* **Collected data entries**
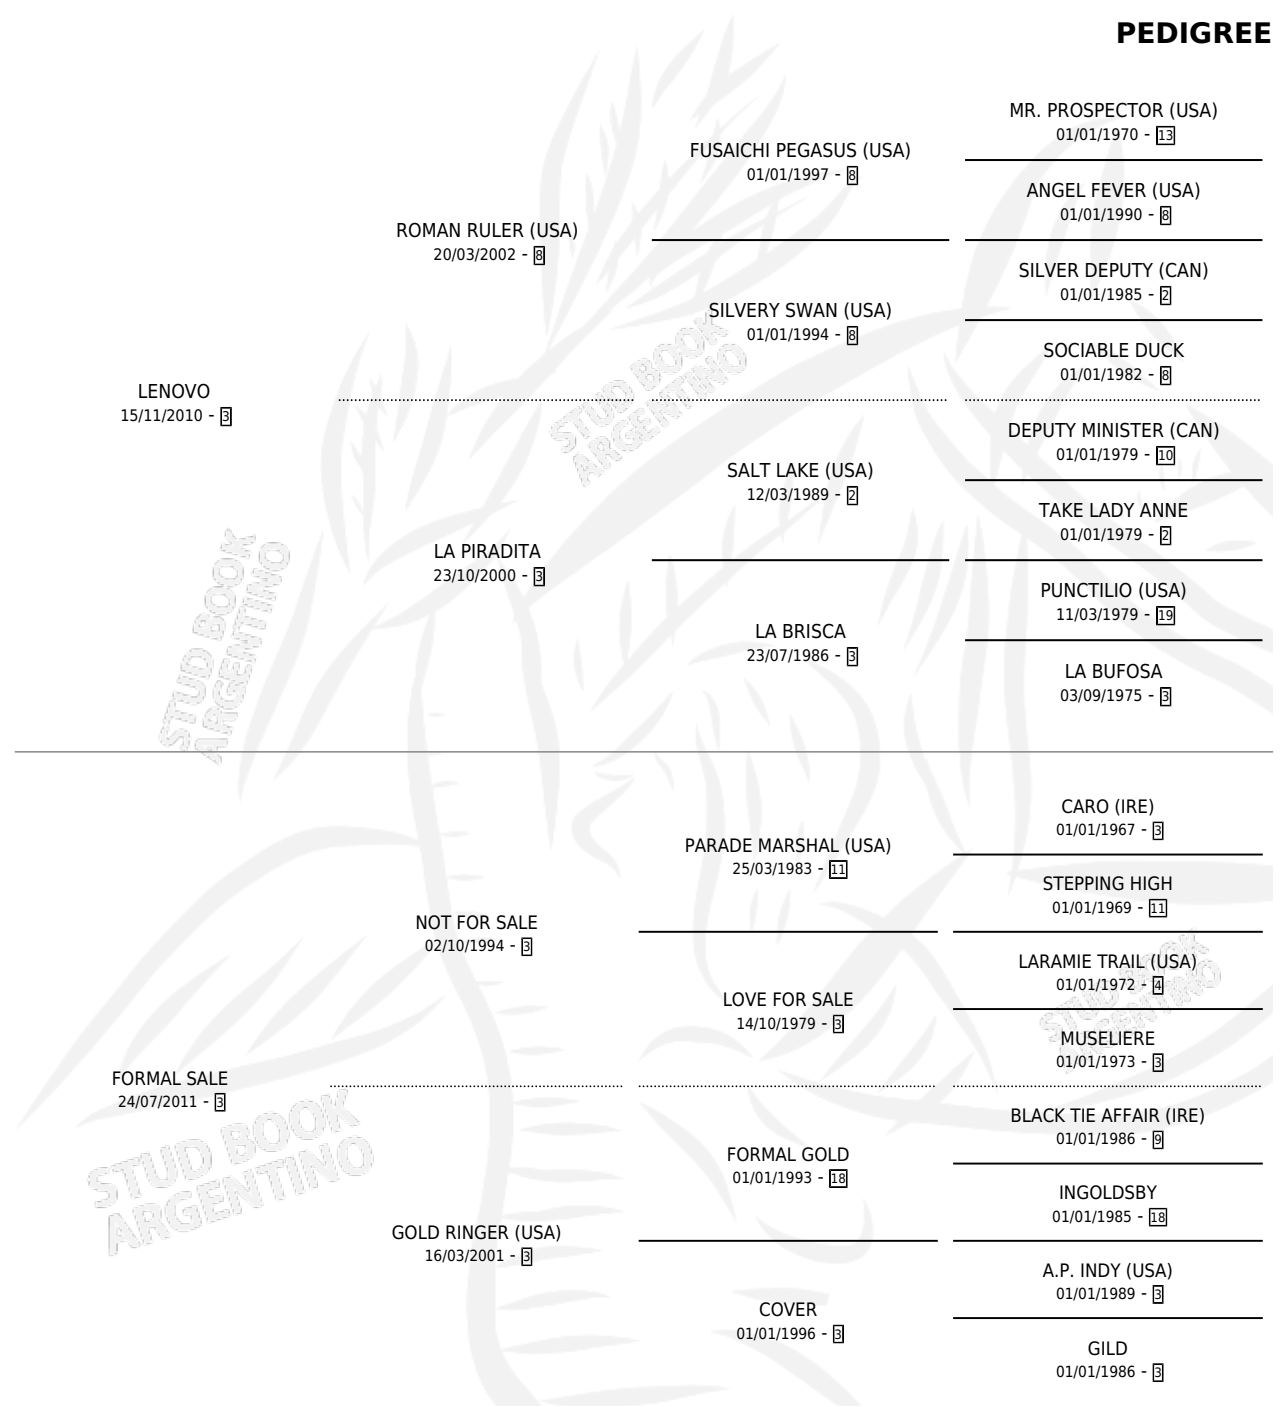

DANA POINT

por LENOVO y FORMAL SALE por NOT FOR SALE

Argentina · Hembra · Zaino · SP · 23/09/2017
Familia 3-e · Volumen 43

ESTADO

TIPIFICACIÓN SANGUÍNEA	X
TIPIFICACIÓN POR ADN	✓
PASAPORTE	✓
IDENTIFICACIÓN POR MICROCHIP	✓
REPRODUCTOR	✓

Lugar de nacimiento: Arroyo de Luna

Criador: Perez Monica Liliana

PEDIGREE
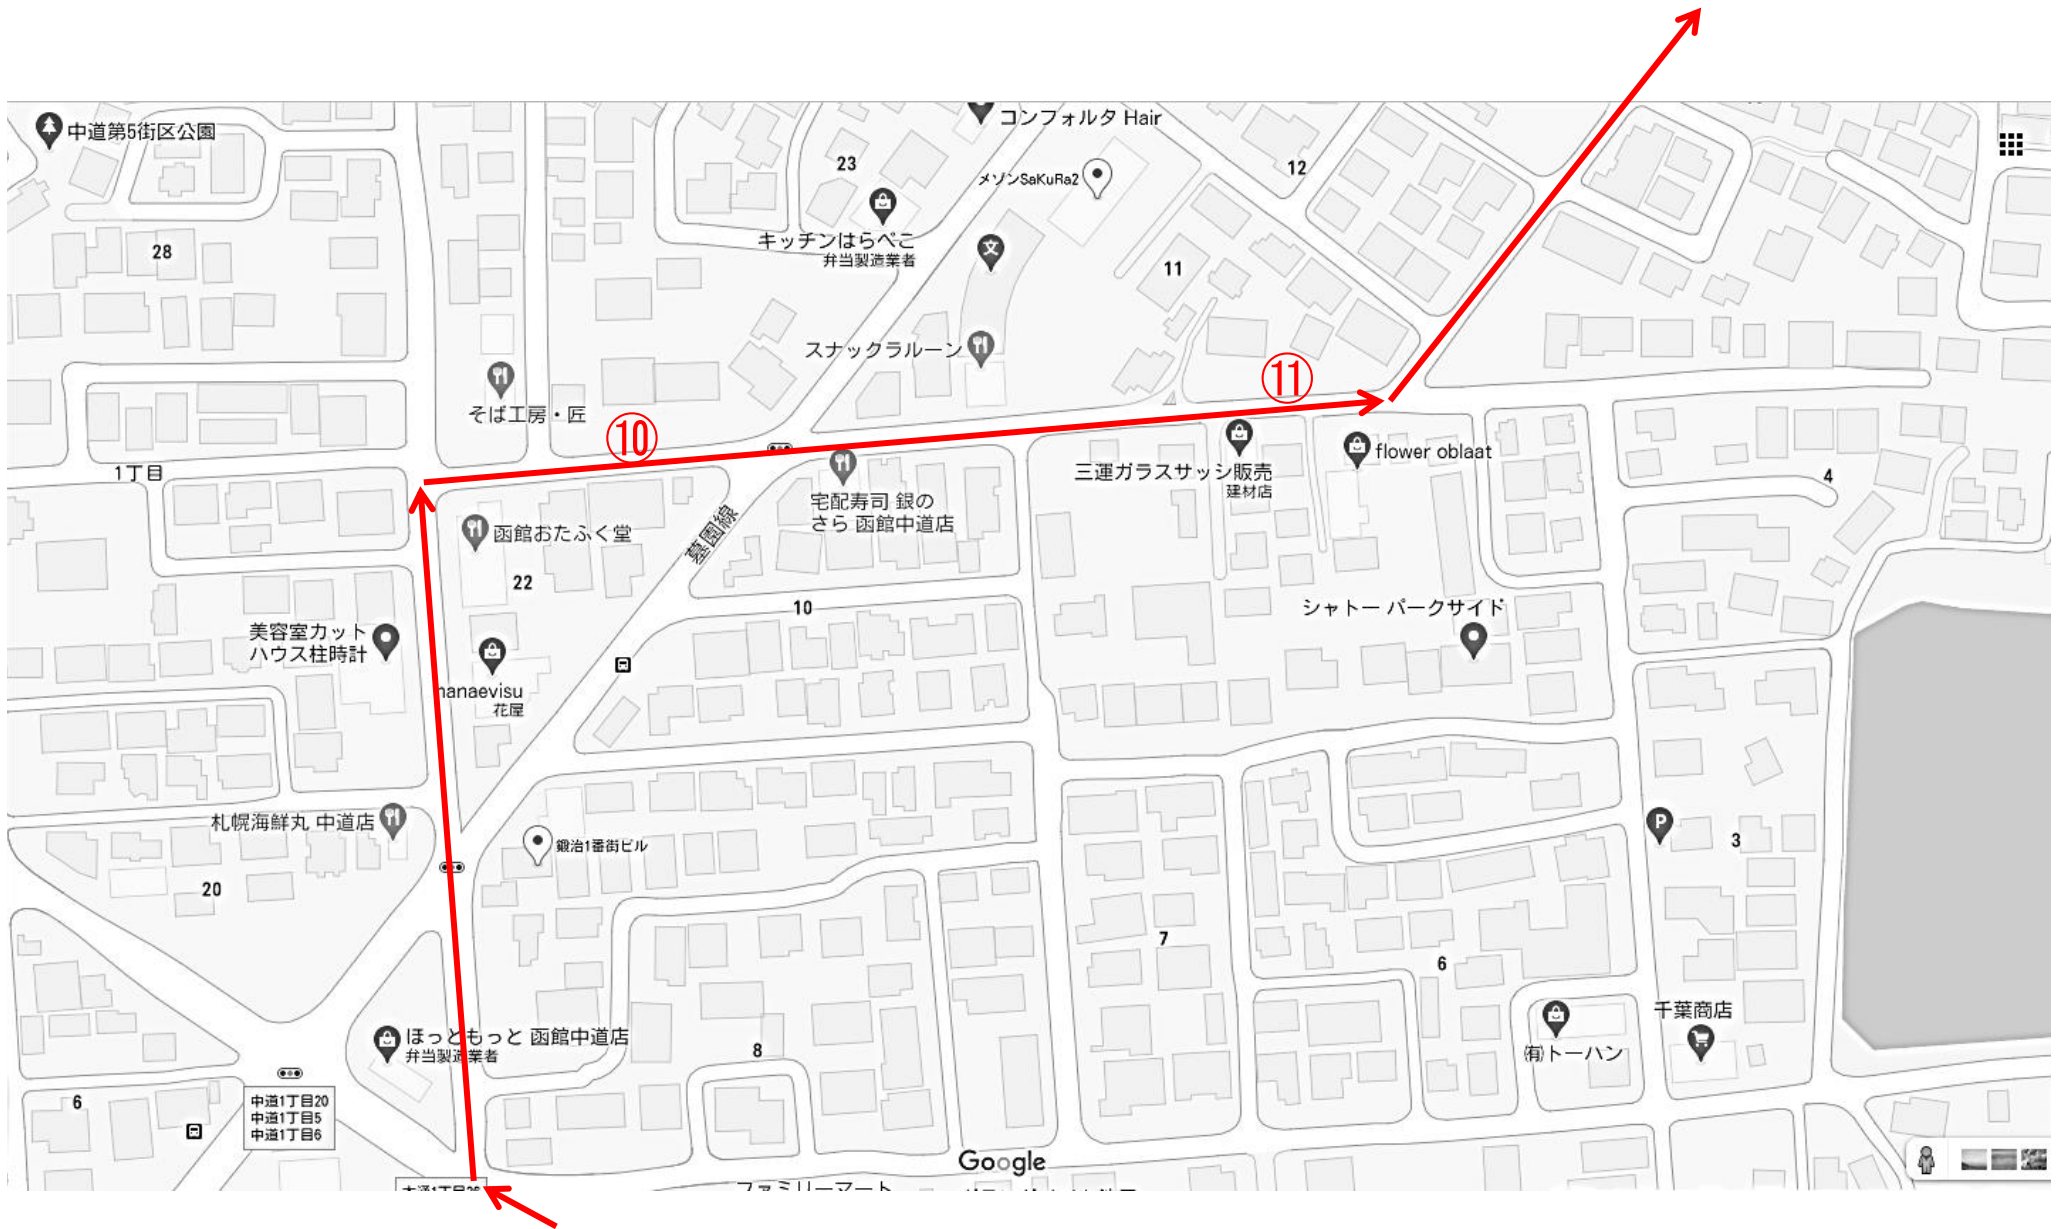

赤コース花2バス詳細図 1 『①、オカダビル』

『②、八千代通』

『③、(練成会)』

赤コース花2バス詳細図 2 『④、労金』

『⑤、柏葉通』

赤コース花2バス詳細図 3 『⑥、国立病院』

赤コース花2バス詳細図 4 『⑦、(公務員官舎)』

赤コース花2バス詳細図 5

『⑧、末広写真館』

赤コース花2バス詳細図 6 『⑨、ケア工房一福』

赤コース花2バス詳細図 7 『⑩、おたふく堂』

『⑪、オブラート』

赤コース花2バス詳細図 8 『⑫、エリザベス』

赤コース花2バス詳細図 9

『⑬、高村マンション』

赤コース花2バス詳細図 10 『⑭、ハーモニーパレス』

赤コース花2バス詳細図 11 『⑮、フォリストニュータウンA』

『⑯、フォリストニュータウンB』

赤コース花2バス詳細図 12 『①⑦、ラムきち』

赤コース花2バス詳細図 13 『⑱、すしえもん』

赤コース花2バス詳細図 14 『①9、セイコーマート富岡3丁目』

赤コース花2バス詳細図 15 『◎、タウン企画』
* * *
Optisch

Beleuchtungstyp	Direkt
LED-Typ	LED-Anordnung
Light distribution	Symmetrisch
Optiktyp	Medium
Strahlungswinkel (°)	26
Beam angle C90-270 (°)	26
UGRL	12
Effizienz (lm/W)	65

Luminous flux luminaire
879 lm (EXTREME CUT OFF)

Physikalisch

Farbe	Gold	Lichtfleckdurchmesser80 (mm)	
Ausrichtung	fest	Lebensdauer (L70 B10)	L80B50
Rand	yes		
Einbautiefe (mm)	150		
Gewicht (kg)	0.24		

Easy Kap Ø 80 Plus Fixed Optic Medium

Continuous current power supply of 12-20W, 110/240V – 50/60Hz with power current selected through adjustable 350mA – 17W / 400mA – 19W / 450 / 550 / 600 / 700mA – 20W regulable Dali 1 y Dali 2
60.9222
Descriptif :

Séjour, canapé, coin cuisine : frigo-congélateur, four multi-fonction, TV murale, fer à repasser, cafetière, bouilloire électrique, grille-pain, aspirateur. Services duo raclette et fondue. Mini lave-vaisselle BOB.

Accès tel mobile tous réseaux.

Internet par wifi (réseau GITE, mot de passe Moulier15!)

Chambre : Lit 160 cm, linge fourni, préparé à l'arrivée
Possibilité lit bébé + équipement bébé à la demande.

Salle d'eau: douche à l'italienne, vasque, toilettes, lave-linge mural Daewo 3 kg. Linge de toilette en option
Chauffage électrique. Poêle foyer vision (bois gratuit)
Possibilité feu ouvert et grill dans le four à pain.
---
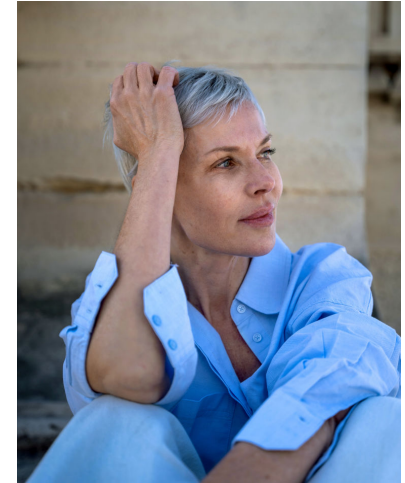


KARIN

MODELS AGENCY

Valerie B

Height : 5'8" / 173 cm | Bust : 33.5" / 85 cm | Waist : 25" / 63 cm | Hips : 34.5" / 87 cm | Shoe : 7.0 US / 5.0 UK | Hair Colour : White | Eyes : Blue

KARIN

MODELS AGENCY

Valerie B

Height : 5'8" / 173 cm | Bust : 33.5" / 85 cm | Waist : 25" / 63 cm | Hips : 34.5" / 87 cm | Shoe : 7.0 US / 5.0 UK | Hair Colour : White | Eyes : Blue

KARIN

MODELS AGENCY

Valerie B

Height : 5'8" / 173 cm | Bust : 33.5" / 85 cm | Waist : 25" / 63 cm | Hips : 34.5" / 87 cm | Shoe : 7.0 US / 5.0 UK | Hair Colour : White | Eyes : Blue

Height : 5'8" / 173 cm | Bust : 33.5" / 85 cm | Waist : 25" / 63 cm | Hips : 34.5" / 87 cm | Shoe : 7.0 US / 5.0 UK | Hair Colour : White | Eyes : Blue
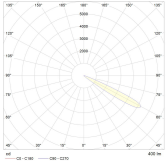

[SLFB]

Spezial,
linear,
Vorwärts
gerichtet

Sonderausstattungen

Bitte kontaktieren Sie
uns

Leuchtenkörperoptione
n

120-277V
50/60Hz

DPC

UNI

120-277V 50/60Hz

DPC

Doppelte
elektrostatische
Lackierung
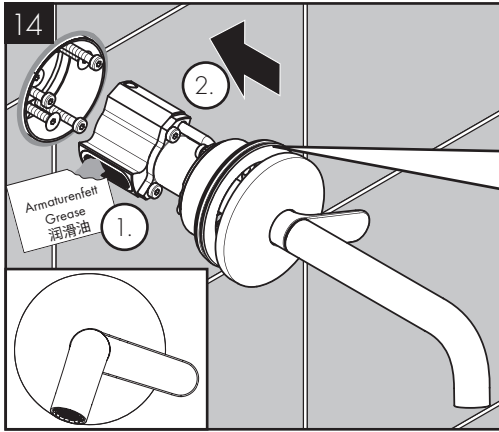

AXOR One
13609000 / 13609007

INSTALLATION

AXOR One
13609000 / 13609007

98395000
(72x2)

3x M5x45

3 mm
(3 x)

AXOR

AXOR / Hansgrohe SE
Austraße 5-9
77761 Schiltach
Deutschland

* **GOAL OF THE EXERCISE**
Using only the data above, copy out the lines that include the word "lave".

* **RESPONSE AREA**
Séjour, canapé, coin cuisine : frigo-congélateur, four multi-fonction, TV murale, fer à repasser, cafetière, bouilloire électrique, grille-pain, aspirateur. Services duo raclette et fondue. Mini lave-vaisselle BOB.
Salle d'eau: douche à l'italienne, vasque, toilettes, lave-linge mural Daewo 3 kg. Linge de toilette en option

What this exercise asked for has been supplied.